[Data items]
::::::::

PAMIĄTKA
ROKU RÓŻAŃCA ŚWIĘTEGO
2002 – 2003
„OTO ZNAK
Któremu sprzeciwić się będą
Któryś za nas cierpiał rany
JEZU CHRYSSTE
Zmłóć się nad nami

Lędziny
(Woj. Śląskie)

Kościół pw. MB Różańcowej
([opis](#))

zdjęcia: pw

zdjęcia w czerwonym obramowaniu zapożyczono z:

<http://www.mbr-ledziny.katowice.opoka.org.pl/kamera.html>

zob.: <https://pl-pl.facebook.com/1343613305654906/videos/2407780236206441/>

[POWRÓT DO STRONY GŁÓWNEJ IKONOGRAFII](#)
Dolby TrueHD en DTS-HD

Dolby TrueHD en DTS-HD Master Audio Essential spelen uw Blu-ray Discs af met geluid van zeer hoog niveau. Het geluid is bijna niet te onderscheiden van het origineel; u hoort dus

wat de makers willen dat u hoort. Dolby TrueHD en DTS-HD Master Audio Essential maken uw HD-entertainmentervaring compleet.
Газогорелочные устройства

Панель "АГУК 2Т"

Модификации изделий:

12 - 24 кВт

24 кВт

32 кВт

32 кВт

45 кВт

::::::::

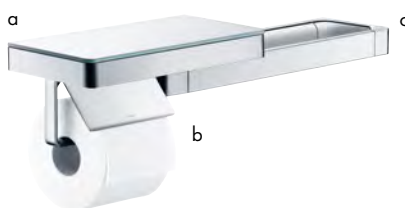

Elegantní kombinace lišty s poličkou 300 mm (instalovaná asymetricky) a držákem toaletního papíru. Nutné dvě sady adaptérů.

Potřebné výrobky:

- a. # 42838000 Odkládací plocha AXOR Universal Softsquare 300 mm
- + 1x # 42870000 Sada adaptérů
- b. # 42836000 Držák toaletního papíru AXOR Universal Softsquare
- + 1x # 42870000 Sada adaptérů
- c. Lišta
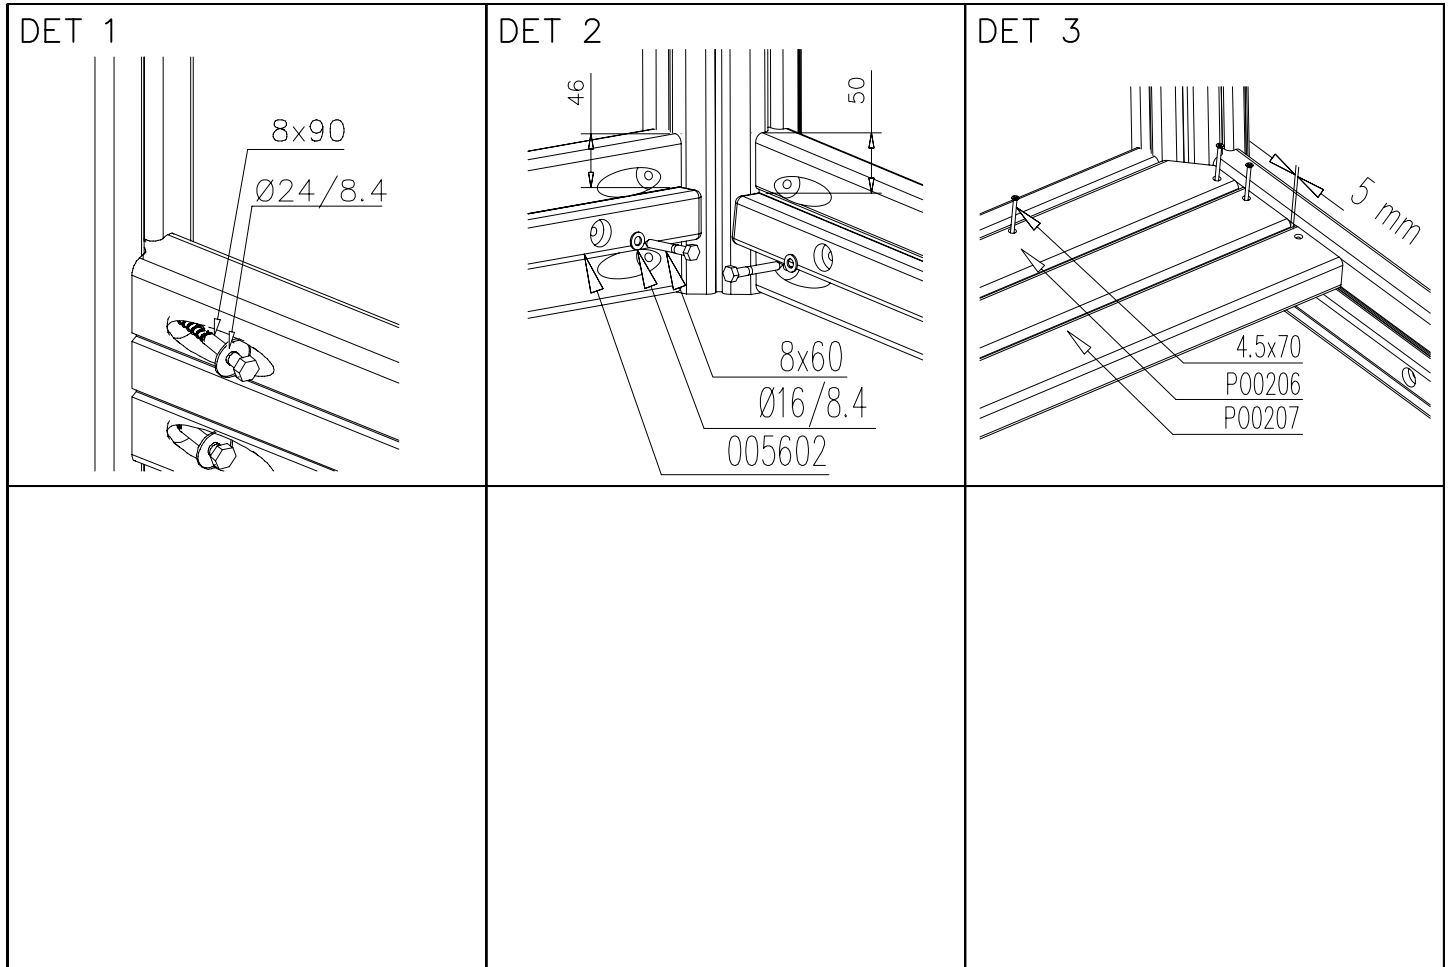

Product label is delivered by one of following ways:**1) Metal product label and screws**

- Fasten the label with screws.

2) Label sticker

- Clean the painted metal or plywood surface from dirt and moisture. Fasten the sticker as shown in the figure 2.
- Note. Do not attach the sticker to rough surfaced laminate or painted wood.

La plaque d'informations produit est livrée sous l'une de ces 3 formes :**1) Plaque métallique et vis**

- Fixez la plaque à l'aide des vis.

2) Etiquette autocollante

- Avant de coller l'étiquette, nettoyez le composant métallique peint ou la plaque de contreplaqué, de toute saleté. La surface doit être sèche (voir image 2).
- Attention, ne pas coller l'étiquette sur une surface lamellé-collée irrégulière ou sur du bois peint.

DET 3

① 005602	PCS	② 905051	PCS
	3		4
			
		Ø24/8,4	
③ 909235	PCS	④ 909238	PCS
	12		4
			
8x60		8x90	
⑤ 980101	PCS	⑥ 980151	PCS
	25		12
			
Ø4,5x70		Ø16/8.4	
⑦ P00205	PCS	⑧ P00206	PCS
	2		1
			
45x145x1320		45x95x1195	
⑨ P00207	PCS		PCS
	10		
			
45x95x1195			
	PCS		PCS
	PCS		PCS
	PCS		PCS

::::::::

- _The problem_
The expected answer is each line of the records above that includes the string "TrueHD".

- _Written answer_
Dolby TrueHD en DTS-HD
Dolby TrueHD en DTS-HD Master Audio Essential spelen uw Blu-ray Discs af met geluid van zeer hoog niveau. Het geluid is bijna niet te onderscheiden van het origineel; u hoort dus
wat de makers willen dat u hoort. Dolby TrueHD en DTS-HD Master Audio Essential maken uw HD-entertainmentervaring compleet.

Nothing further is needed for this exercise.